#### Source data ####

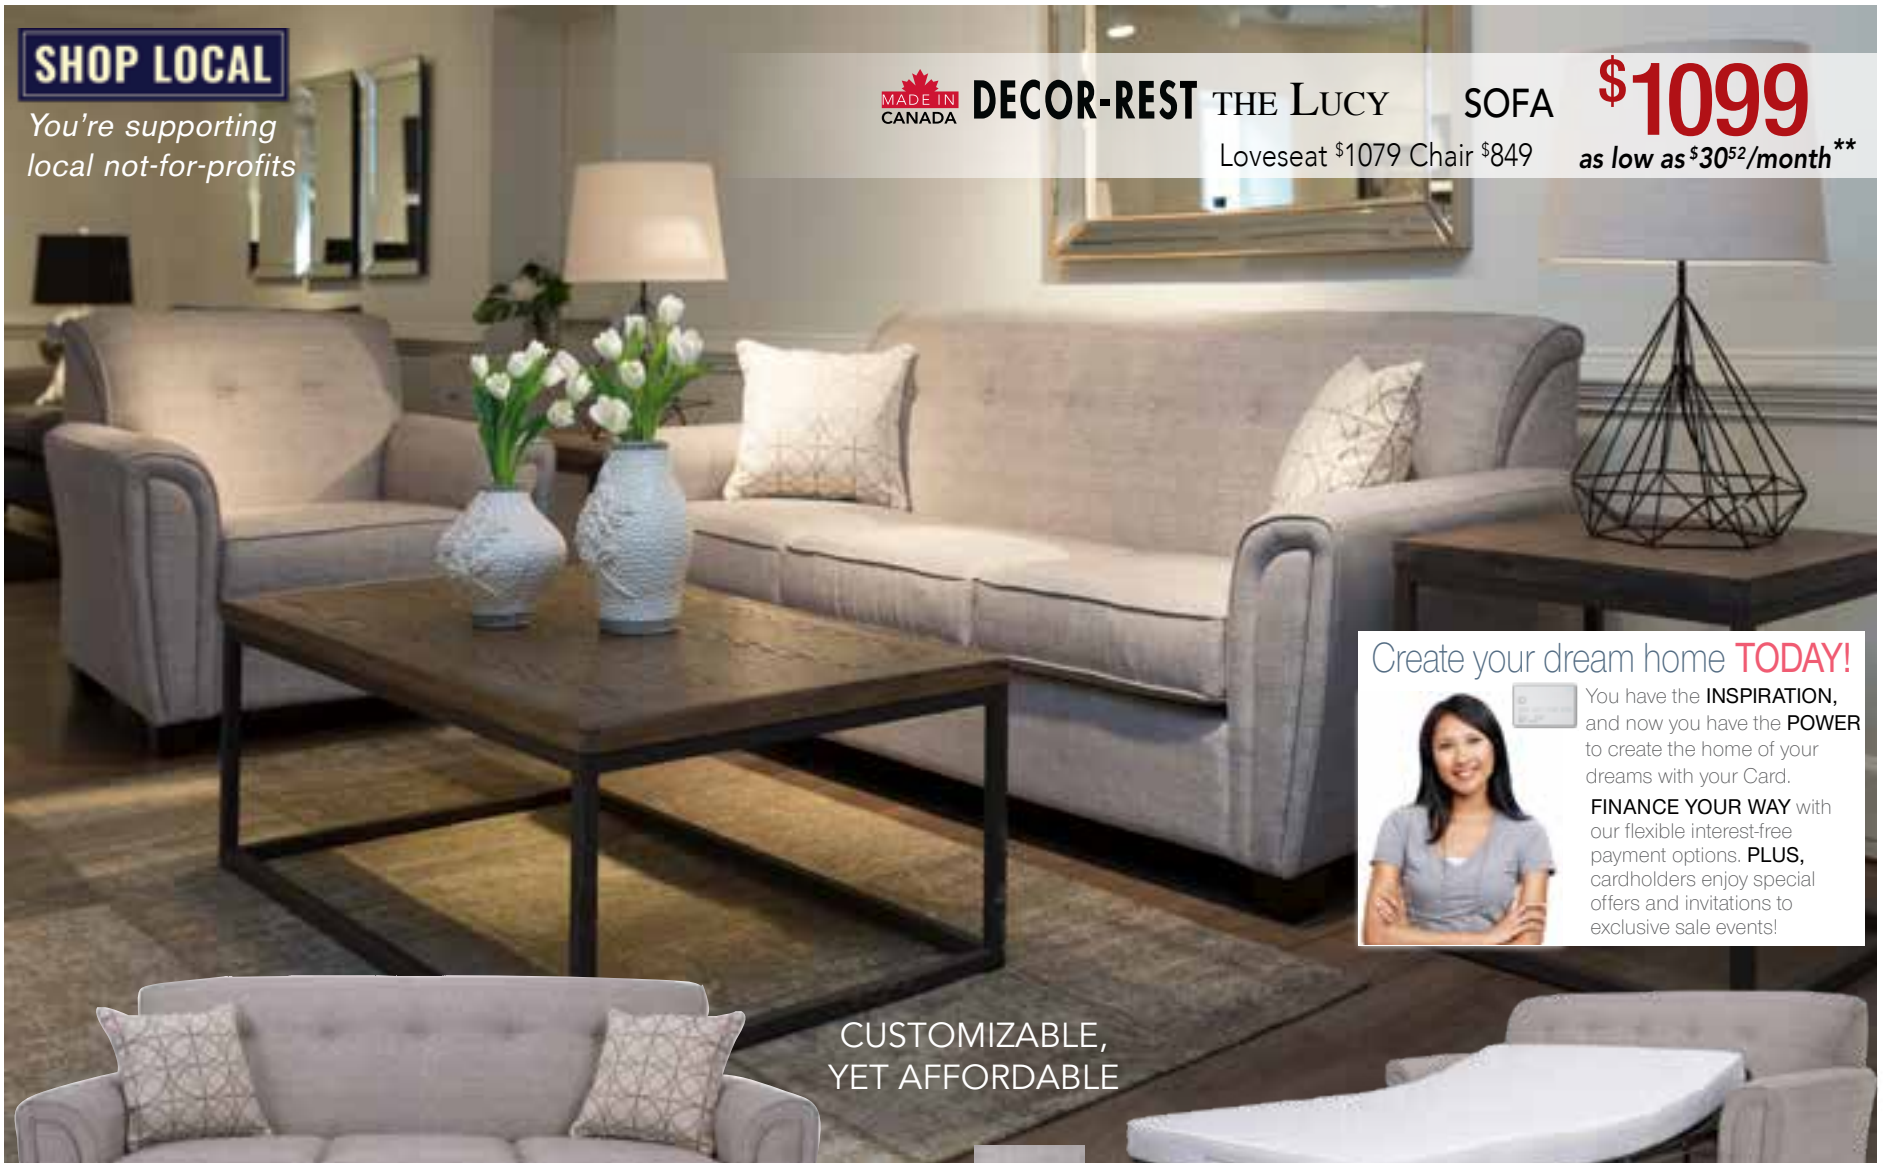

SHOP LOCAL

You're supporting local not-for-profits

DECOR-REST THE LUCY

SOFA

$1099

Loveseat $1079 Chair $849

as low as $30⁵²/month**

Create your dream home **TODAY!**

You have the **INSPIRATION**, and now you have the **POWER** to create the home of your dreams with your Card.

FINANCE YOUR WAY with our flexible interest-free payment options. **PLUS**, cardholders enjoy special offers and invitations to exclusive sale events!

CUSTOMIZABLE, YET AFFORDABLE
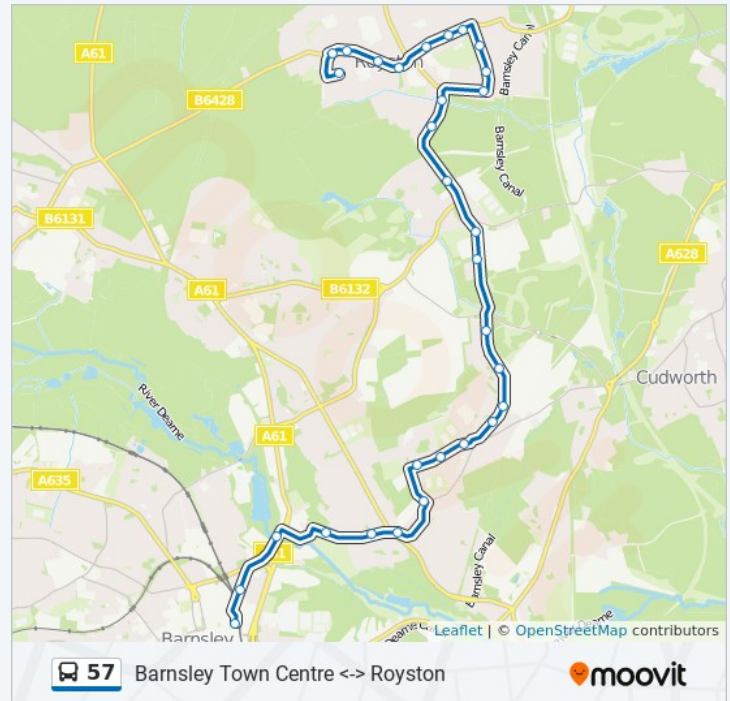

Midland Road/Milgate Street, Royston

Midland Road/Health Centre, Royston

Midland Road/Jack Close Orchard, Royston

High Street/Redwood Avenue, Royston

High Street, Royston

High Street/Hallcroft Rise, Royston

High Street/Summer Lane, Royston

Summer View, England

High Street/West End Avenue, Royston

Autumn Close, England

Meadstead Drive/Manor Grove, Royston

Street/Hallcroft Rise, Royston, High Street/Summer Lane, Royston, High Street/West End Avenue, Royston, Meadstead Drive/Manor Grove, Royston

Direction: Royston <-> Barnsley Town Centre

34 stops

[VIEW LINE SCHEDULE](#)

Meadstead Drive/Manor Grove, Royston

Meadstead Drive/Doles Avenue, Royston
Meadstead Drive, England

High Street/Oakwood Road, Royston

High Street/Station Road, Royston
New Street, Royston

Midland Road/Station Road, Royston
Midland Road, Royston

Midland Road/Jack Close Orchard, Royston

Midland Road/Strawberry Gardens, Royston

Park View/Midland Road, Royston

####

If a line in the records holds the string "Station", count it, and give only the total.

2